**ABOUT THIS EXERCISE**
Please print the whole listing again, exactly as shown.
= Beginning of Section =
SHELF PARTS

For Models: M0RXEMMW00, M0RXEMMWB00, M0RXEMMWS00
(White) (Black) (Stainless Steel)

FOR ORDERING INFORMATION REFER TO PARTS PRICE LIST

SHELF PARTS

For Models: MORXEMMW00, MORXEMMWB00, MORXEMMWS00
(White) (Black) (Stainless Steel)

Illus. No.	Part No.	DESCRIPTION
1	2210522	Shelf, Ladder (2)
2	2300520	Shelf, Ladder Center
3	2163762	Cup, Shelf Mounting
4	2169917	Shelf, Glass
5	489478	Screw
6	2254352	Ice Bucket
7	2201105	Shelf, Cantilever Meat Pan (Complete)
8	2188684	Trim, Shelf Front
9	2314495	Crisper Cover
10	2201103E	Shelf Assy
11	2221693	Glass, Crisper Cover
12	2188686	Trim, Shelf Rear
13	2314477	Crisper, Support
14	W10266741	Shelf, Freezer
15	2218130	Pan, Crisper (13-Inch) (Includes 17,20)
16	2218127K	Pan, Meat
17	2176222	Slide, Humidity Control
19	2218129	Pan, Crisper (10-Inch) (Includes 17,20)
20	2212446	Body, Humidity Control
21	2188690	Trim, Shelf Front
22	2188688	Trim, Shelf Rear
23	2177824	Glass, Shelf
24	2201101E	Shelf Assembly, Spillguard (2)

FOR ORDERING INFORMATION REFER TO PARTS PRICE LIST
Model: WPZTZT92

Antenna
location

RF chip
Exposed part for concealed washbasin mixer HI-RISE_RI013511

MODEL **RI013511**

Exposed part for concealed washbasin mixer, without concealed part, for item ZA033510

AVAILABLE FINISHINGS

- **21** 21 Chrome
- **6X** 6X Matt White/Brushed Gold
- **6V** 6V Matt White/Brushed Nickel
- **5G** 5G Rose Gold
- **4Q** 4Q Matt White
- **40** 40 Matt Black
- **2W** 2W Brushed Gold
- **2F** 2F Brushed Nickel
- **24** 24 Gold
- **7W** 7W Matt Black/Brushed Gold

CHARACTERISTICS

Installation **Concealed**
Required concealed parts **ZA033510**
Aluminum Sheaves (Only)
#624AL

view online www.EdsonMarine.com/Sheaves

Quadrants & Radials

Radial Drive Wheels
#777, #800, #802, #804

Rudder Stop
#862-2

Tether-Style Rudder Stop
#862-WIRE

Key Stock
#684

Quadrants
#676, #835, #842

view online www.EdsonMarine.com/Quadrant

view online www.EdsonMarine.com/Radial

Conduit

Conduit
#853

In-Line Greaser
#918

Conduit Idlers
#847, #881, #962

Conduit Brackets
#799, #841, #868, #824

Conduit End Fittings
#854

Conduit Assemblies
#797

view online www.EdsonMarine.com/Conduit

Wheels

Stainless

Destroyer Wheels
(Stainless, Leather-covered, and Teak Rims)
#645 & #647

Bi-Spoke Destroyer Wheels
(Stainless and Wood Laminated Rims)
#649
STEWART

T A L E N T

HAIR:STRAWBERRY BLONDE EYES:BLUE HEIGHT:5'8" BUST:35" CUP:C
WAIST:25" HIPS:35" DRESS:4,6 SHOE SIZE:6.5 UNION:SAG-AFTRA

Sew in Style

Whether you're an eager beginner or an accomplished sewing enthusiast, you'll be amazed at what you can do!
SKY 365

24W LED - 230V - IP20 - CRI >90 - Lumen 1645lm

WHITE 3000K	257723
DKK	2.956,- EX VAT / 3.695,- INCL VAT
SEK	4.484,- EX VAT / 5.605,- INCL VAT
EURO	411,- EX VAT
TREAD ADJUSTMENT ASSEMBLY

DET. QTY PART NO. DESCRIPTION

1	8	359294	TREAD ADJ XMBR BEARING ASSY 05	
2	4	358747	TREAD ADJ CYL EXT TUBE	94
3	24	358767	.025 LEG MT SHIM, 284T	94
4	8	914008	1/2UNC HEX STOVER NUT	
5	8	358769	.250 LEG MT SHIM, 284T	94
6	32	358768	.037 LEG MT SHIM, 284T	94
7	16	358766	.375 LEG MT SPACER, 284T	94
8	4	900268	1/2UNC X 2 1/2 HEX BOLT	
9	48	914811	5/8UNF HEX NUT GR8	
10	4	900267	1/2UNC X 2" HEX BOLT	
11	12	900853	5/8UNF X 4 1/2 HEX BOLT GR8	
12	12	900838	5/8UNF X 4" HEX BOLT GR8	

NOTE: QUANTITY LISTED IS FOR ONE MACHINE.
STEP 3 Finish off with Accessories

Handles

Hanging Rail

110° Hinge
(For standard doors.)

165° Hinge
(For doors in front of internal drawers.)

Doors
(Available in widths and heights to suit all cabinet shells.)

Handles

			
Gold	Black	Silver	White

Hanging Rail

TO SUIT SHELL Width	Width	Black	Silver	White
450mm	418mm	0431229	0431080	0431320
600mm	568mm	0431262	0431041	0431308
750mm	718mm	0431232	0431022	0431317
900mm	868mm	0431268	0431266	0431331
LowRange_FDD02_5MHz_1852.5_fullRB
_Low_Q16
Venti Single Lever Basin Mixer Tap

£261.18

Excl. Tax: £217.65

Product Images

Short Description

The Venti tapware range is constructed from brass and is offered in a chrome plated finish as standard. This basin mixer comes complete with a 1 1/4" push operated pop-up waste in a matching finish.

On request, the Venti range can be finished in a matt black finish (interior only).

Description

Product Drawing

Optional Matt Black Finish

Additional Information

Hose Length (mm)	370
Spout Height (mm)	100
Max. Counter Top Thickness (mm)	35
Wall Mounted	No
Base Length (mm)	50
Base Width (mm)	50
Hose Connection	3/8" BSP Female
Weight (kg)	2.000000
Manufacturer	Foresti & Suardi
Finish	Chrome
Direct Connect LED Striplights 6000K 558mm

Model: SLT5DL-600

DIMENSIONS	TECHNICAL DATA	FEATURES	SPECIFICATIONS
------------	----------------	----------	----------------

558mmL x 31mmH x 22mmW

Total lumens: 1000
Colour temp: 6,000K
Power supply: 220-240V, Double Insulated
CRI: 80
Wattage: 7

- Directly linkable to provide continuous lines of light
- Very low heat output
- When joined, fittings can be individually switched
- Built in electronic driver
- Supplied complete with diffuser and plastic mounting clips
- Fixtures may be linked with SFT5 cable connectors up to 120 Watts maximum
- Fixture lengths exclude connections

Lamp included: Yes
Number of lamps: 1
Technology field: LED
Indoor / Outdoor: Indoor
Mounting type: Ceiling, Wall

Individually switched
= End of Section =
**EXPECTED ANSWER**
SHELF PARTS

For Models: M0RXEMMW00, M0RXEMMWB00, M0RXEMMWS00
(White) (Black) (Stainless Steel)

FOR ORDERING INFORMATION REFER TO PARTS PRICE LIST

SHELF PARTS

For Models: MORXEMMW00, MORXEMMWB00, MORXEMMWS00
(White) (Black) (Stainless Steel)

Illus. No.	Part No.	DESCRIPTION
1	2210522	Shelf, Ladder (2)
2	2300520	Shelf, Ladder Center
3	2163762	Cup, Shelf Mounting
4	2169917	Shelf, Glass
5	489478	Screw
6	2254352	Ice Bucket
7	2201105	Shelf, Cantilever Meat Pan (Complete)
8	2188684	Trim, Shelf Front
9	2314495	Crisper Cover
10	2201103E	Shelf Assy
11	2221693	Glass, Crisper Cover
12	2188686	Trim, Shelf Rear
13	2314477	Crisper, Support
14	W10266741	Shelf, Freezer
15	2218130	Pan, Crisper (13-Inch) (Includes 17,20)
16	2218127K	Pan, Meat
17	2176222	Slide, Humidity Control
19	2218129	Pan, Crisper (10-Inch) (Includes 17,20)
20	2212446	Body, Humidity Control
21	2188690	Trim, Shelf Front
22	2188688	Trim, Shelf Rear
23	2177824	Glass, Shelf
24	2201101E	Shelf Assembly, Spillguard (2)

FOR ORDERING INFORMATION REFER TO PARTS PRICE LIST
Model: WPZTZT92

Antenna
location

RF chip
Exposed part for concealed washbasin mixer HI-RISE_RI013511

MODEL **RI013511**

Exposed part for concealed washbasin mixer, without concealed part, for item ZA033510

AVAILABLE FINISHINGS

- **21** 21 Chrome
- **6X** 6X Matt White/Brushed Gold
- **6V** 6V Matt White/Brushed Nickel
- **5G** 5G Rose Gold
- **4Q** 4Q Matt White
- **40** 40 Matt Black
- **2W** 2W Brushed Gold
- **2F** 2F Brushed Nickel
- **24** 24 Gold
- **7W** 7W Matt Black/Brushed Gold

CHARACTERISTICS

Installation **Concealed**
Required concealed parts **ZA033510**
Aluminum Sheaves (Only)
#624AL

view online www.EdsonMarine.com/Sheaves

Quadrants & Radials

Radial Drive Wheels
#777, #800, #802, #804

Rudder Stop
#862-2

Tether-Style Rudder Stop
#862-WIRE

Key Stock
#684

Quadrants
#676, #835, #842

view online www.EdsonMarine.com/Quadrant

view online www.EdsonMarine.com/Radial

Conduit

Conduit
#853

In-Line Greaser
#918

Conduit Idlers
#847, #881, #962

Conduit Brackets
#799, #841, #868, #824

Conduit End Fittings
#854

Conduit Assemblies
#797

view online www.EdsonMarine.com/Conduit

Wheels

Stainless

Destroyer Wheels
(Stainless, Leather-covered, and Teak Rims)
#645 & #647

Bi-Spoke Destroyer Wheels
(Stainless and Wood Laminated Rims)
#649
STEWART

T A L E N T

HAIR:STRAWBERRY BLONDE EYES:BLUE HEIGHT:5'8" BUST:35" CUP:C
WAIST:25" HIPS:35" DRESS:4,6 SHOE SIZE:6.5 UNION:SAG-AFTRA

Sew in Style

Whether you're an eager beginner or an accomplished sewing enthusiast, you'll be amazed at what you can do!
SKY 365

24W LED - 230V - IP20 - CRI >90 - Lumen 1645lm

WHITE 3000K	257723
DKK	2.956,- EX VAT / 3.695,- INCL VAT
SEK	4.484,- EX VAT / 5.605,- INCL VAT
EURO	411,- EX VAT
TREAD ADJUSTMENT ASSEMBLY

DET. QTY PART NO. DESCRIPTION

1	8	359294	TREAD ADJ XMBR BEARING ASSY 05	
2	4	358747	TREAD ADJ CYL EXT TUBE	94
3	24	358767	.025 LEG MT SHIM, 284T	94
4	8	914008	1/2UNC HEX STOVER NUT	
5	8	358769	.250 LEG MT SHIM, 284T	94
6	32	358768	.037 LEG MT SHIM, 284T	94
7	16	358766	.375 LEG MT SPACER, 284T	94
8	4	900268	1/2UNC X 2 1/2 HEX BOLT	
9	48	914811	5/8UNF HEX NUT GR8	
10	4	900267	1/2UNC X 2" HEX BOLT	
11	12	900853	5/8UNF X 4 1/2 HEX BOLT GR8	
12	12	900838	5/8UNF X 4" HEX BOLT GR8	

NOTE: QUANTITY LISTED IS FOR ONE MACHINE.
STEP 3 Finish off with Accessories

Handles

Hanging Rail

110° Hinge
(For standard doors.)

165° Hinge
(For doors in front of internal drawers.)

Doors
(Available in widths and heights to suit all cabinet shells.)

Handles

			
Gold	Black	Silver	White

Hanging Rail

TO SUIT SHELL Width	Width	Black	Silver	White
450mm	418mm	0431229	0431080	0431320
600mm	568mm	0431262	0431041	0431308
750mm	718mm	0431232	0431022	0431317
900mm	868mm	0431268	0431266	0431331
LowRange_FDD02_5MHz_1852.5_fullRB
_Low_Q16
Venti Single Lever Basin Mixer Tap

£261.18

Excl. Tax: £217.65

Product Images

Short Description

The Venti tapware range is constructed from brass and is offered in a chrome plated finish as standard. This basin mixer comes complete with a 1 1/4" push operated pop-up waste in a matching finish.

On request, the Venti range can be finished in a matt black finish (interior only).

Description

Product Drawing

Optional Matt Black Finish

Additional Information

Hose Length (mm)	370
Spout Height (mm)	100
Max. Counter Top Thickness (mm)	35
Wall Mounted	No
Base Length (mm)	50
Base Width (mm)	50
Hose Connection	3/8" BSP Female
Weight (kg)	2.000000
Manufacturer	Foresti & Suardi
Finish	Chrome
Direct Connect LED Striplights 6000K 558mm

Model: SLT5DL-600

DIMENSIONS	TECHNICAL DATA	FEATURES	SPECIFICATIONS
------------	----------------	----------	----------------

558mmL x 31mmH x 22mmW

Total lumens: 1000
Colour temp: 6,000K
Power supply: 220-240V, Double Insulated
CRI: 80
Wattage: 7

- Directly linkable to provide continuous lines of light
- Very low heat output
- When joined, fittings can be individually switched
- Built in electronic driver
- Supplied complete with diffuser and plastic mounting clips
- Fixtures may be linked with SFT5 cable connectors up to 120 Watts maximum
- Fixture lengths exclude connections

Lamp included: Yes
Number of lamps: 1
Technology field: LED
Indoor / Outdoor: Indoor
Mounting type: Ceiling, Wall

Individually switched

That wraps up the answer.